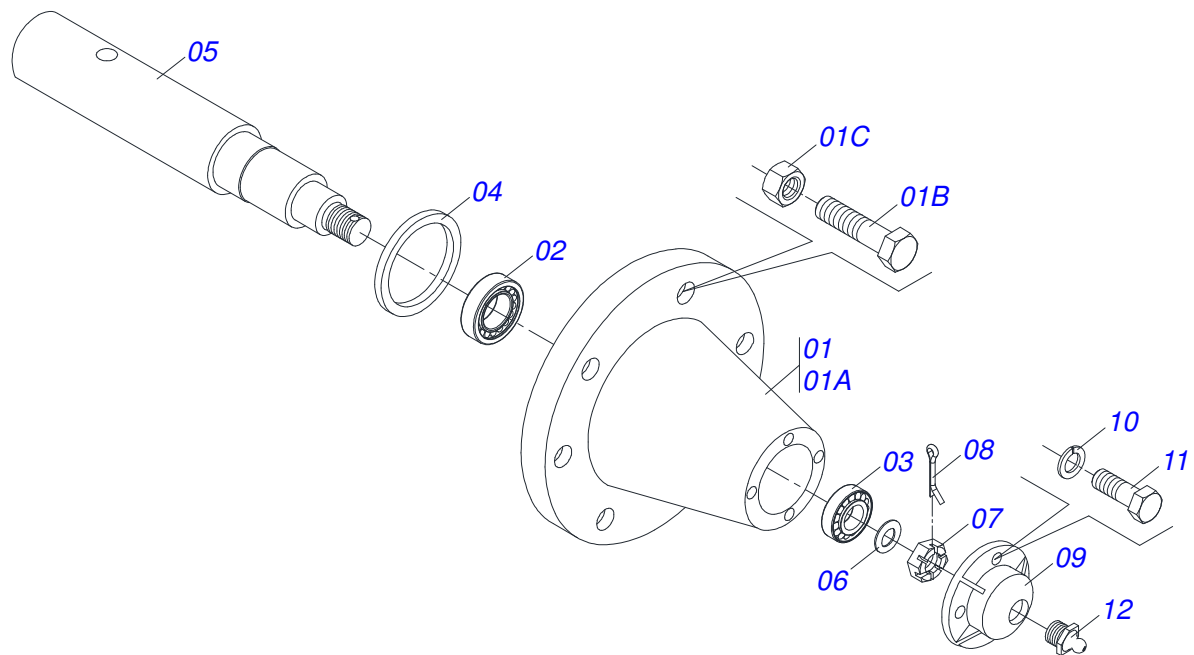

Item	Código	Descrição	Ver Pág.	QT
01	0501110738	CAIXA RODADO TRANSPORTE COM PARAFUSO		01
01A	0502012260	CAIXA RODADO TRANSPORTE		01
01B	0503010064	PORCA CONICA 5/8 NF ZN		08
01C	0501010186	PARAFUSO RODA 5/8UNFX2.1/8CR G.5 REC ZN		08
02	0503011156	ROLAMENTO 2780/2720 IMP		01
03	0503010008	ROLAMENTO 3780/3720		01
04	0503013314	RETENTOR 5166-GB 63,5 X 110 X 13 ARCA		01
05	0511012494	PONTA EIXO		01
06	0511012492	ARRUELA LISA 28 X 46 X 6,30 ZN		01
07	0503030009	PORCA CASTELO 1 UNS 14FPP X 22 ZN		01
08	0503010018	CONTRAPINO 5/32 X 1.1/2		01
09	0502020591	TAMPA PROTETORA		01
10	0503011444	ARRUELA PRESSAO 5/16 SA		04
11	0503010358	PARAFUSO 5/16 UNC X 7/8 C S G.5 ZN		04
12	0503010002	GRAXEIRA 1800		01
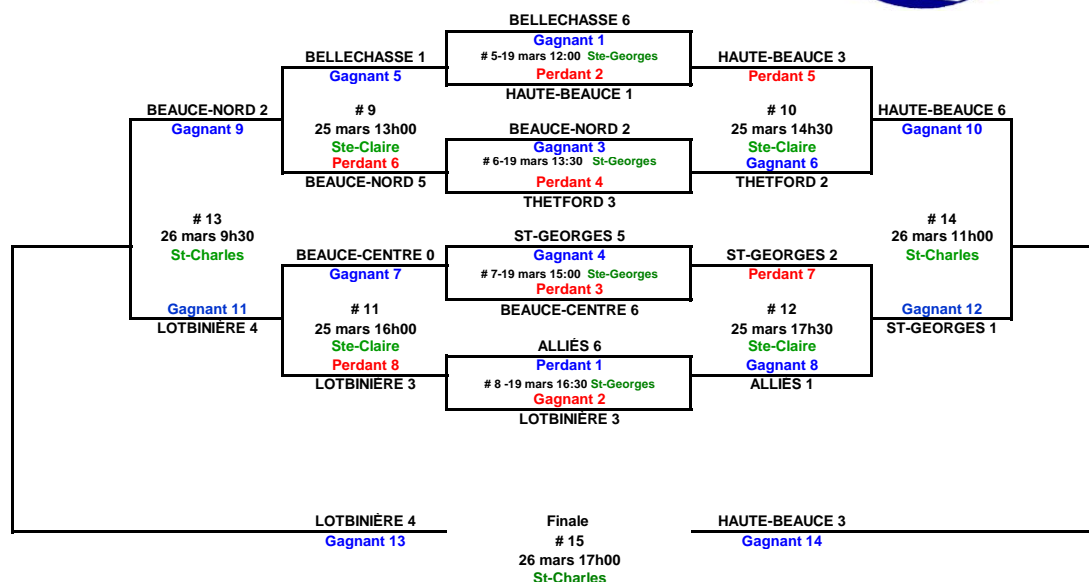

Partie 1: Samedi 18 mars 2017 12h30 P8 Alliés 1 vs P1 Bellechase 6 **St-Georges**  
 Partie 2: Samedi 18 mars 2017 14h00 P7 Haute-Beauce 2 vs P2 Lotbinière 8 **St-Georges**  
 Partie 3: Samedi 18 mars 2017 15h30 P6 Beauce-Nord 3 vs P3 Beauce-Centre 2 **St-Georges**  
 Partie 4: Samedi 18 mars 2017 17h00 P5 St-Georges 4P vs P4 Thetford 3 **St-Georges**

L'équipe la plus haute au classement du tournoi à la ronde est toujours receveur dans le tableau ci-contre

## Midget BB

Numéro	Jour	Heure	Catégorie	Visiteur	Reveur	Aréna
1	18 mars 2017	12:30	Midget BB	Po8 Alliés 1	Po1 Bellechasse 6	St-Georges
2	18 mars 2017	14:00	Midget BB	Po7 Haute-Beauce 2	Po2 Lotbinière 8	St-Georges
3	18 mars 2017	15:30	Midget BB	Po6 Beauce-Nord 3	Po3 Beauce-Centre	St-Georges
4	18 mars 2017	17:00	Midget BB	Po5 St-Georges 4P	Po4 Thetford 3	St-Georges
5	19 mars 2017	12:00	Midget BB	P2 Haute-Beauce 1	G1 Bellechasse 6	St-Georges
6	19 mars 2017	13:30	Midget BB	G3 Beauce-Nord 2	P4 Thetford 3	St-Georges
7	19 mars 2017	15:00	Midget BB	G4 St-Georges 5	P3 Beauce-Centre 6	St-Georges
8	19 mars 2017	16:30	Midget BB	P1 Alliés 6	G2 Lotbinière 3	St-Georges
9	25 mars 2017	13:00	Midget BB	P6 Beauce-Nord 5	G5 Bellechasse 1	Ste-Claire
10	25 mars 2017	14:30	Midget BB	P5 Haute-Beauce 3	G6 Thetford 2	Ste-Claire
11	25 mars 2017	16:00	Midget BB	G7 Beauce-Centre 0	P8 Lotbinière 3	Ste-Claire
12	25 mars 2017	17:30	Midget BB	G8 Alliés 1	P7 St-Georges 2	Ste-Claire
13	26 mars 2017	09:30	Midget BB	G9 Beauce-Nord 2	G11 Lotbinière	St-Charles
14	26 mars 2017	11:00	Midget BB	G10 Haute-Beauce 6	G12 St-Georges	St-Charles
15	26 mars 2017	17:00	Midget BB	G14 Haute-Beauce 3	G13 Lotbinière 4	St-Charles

------------------------------------------------------------

Your instructions:
What is needed is an exact repeat of the records, with every picture left out.

Answer below:
Item	Código	Descrição	Ver Pág.	QT
01	0501110738	CAIXA RODADO TRANSPORTE COM PARAFUSO		01
01A	0502012260	CAIXA RODADO TRANSPORTE		01
01B	0503010064	PORCA CONICA 5/8 NF ZN		08
01C	0501010186	PARAFUSO RODA 5/8UNFX2.1/8CR G.5 REC ZN		08
02	0503011156	ROLAMENTO 2780/2720 IMP		01
03	0503010008	ROLAMENTO 3780/3720		01
04	0503013314	RETENTOR 5166-GB 63,5 X 110 X 13 ARCA		01
05	0511012494	PONTA EIXO		01
06	0511012492	ARRUELA LISA 28 X 46 X 6,30 ZN		01
07	0503030009	PORCA CASTELO 1 UNS 14FPP X 22 ZN		01
08	0503010018	CONTRAPINO 5/32 X 1.1/2		01
09	0502020591	TAMPA PROTETORA		01
10	0503011444	ARRUELA PRESSAO 5/16 SA		04
11	0503010358	PARAFUSO 5/16 UNC X 7/8 C S G.5 ZN		04
12	0503010002	GRAXEIRA 1800		01

Partie 1: Samedi 18 mars 2017 12h30 P8 Alliés 1 vs P1 Bellechase 6 **St-Georges**  
 Partie 2: Samedi 18 mars 2017 14h00 P7 Haute-Beauce 2 vs P2 Lotbinière 8 **St-Georges**  
 Partie 3: Samedi 18 mars 2017 15h30 P6 Beauce-Nord 3 vs P3 Beauce-Centre 2 **St-Georges**  
 Partie 4: Samedi 18 mars 2017 17h00 P5 St-Georges 4P vs P4 Thetford 3 **St-Georges**

L'équipe la plus haute au classement du tournoi à la ronde est toujours receveur dans le tableau ci-contre

## Midget BB

Numéro	Jour	Heure	Catégorie	Visiteur	Reveur	Aréna
1	18 mars 2017	12:30	Midget BB	Po8 Alliés 1	Po1 Bellechasse 6	St-Georges
2	18 mars 2017	14:00	Midget BB	Po7 Haute-Beauce 2	Po2 Lotbinière 8	St-Georges
3	18 mars 2017	15:30	Midget BB	Po6 Beauce-Nord 3	Po3 Beauce-Centre	St-Georges
4	18 mars 2017	17:00	Midget BB	Po5 St-Georges 4P	Po4 Thetford 3	St-Georges
5	19 mars 2017	12:00	Midget BB	P2 Haute-Beauce 1	G1 Bellechasse 6	St-Georges
6	19 mars 2017	13:30	Midget BB	G3 Beauce-Nord 2	P4 Thetford 3	St-Georges
7	19 mars 2017	15:00	Midget BB	G4 St-Georges 5	P3 Beauce-Centre 6	St-Georges
8	19 mars 2017	16:30	Midget BB	P1 Alliés 6	G2 Lotbinière 3	St-Georges
9	25 mars 2017	13:00	Midget BB	P6 Beauce-Nord 5	G5 Bellechasse 1	Ste-Claire
10	25 mars 2017	14:30	Midget BB	P5 Haute-Beauce 3	G6 Thetford 2	Ste-Claire
11	25 mars 2017	16:00	Midget BB	G7 Beauce-Centre 0	P8 Lotbinière 3	Ste-Claire
12	25 mars 2017	17:30	Midget BB	G8 Alliés 1	P7 St-Georges 2	Ste-Claire
13	26 mars 2017	09:30	Midget BB	G9 Beauce-Nord 2	G11 Lotbinière	St-Charles
14	26 mars 2017	11:00	Midget BB	G10 Haute-Beauce 6	G12 St-Georges	St-Charles
15	26 mars 2017	17:00	Midget BB	G14 Haute-Beauce 3	G13 Lotbinière 4	St-Charles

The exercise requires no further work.